ACTIVITY
The copy should hold exactly the lines below from the one that contains "Make: MITSUBISHI" through the one that contains "Calendrical Harmonics Moon Aligned.." and nothing else, so no pictures.

Saved data entries:
════════════════
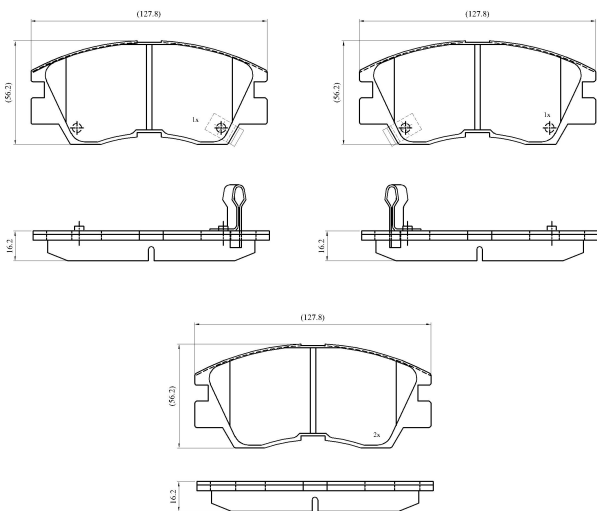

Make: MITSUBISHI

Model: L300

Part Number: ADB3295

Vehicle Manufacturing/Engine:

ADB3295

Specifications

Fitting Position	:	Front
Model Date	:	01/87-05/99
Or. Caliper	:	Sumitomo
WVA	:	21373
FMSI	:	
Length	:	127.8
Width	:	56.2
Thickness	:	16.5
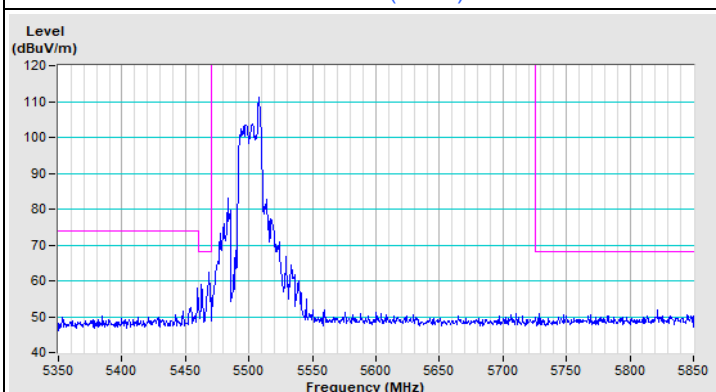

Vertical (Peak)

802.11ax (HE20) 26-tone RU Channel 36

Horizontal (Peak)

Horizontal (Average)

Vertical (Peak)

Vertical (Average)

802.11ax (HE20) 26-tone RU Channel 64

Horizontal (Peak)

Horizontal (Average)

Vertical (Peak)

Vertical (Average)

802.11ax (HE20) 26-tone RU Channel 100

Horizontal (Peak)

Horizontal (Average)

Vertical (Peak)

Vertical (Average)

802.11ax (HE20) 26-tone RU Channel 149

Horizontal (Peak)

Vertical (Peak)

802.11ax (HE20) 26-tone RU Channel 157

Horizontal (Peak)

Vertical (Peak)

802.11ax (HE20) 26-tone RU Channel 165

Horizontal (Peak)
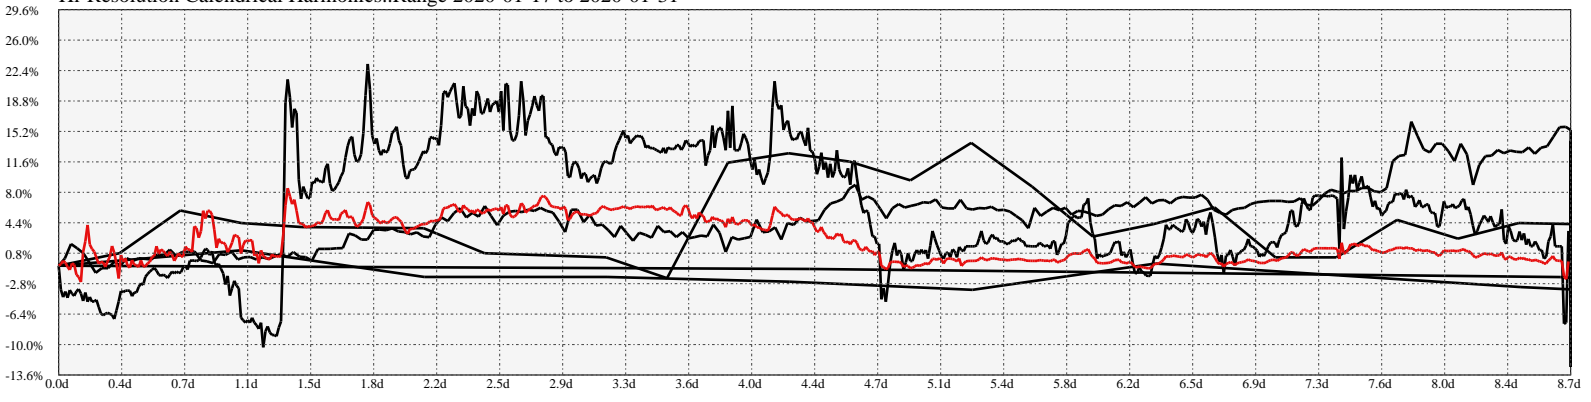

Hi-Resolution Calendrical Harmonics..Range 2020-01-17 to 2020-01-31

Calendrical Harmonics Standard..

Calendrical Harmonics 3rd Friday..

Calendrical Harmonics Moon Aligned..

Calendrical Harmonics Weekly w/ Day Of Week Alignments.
════════════════
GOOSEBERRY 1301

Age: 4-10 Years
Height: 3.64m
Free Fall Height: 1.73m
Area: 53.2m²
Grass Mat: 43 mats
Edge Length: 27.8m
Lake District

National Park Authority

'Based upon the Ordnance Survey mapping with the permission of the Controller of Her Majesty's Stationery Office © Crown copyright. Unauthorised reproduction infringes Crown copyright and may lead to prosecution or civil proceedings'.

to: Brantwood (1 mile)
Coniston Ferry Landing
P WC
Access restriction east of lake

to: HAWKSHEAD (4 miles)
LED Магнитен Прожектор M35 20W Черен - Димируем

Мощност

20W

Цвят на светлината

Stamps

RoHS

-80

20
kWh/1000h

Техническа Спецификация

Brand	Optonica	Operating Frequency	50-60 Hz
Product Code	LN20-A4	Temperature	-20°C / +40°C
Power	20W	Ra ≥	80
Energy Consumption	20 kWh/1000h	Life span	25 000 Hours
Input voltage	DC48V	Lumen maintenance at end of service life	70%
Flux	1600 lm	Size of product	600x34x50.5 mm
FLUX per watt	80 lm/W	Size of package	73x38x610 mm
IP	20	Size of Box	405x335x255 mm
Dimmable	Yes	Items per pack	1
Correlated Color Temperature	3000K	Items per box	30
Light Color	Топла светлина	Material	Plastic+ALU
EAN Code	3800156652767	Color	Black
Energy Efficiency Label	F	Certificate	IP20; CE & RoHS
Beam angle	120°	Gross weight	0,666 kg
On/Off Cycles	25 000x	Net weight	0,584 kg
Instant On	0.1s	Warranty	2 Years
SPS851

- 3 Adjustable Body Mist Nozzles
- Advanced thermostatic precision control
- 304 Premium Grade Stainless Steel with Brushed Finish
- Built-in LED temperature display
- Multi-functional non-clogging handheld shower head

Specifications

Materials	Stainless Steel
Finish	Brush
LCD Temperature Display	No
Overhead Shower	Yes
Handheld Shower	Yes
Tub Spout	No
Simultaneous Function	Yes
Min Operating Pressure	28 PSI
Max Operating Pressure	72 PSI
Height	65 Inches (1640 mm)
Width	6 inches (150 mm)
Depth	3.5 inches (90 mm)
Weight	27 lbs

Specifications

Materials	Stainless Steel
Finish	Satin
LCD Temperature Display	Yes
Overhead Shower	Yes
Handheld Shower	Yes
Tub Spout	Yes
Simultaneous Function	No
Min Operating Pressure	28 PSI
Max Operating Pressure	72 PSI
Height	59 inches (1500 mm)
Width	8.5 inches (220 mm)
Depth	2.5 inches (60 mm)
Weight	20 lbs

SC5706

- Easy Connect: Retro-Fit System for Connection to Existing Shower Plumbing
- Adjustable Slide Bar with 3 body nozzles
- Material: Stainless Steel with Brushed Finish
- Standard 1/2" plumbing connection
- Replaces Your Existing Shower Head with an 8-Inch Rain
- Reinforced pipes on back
════════════════
WORKED SOLUTION
Make: MITSUBISHI

Model: L300

Part Number: ADB3295

Vehicle Manufacturing/Engine:

ADB3295

Specifications

Fitting Position	:	Front
Model Date	:	01/87-05/99
Or. Caliper	:	Sumitomo
WVA	:	21373
FMSI	:	
Length	:	127.8
Width	:	56.2
Thickness	:	16.5

Vertical (Peak)

802.11ax (HE20) 26-tone RU Channel 36

Horizontal (Peak)

Horizontal (Average)

Vertical (Peak)

Vertical (Average)

802.11ax (HE20) 26-tone RU Channel 64

Horizontal (Peak)

Horizontal (Average)

Vertical (Peak)

Vertical (Average)

802.11ax (HE20) 26-tone RU Channel 100

Horizontal (Peak)

Horizontal (Average)

Vertical (Peak)

Vertical (Average)

802.11ax (HE20) 26-tone RU Channel 149

Horizontal (Peak)

Vertical (Peak)

802.11ax (HE20) 26-tone RU Channel 157

Horizontal (Peak)

Vertical (Peak)

802.11ax (HE20) 26-tone RU Channel 165

Horizontal (Peak)

Hi-Resolution Calendrical Harmonics..Range 2020-01-17 to 2020-01-31

Calendrical Harmonics Standard..

Calendrical Harmonics 3rd Friday..

Calendrical Harmonics Moon Aligned..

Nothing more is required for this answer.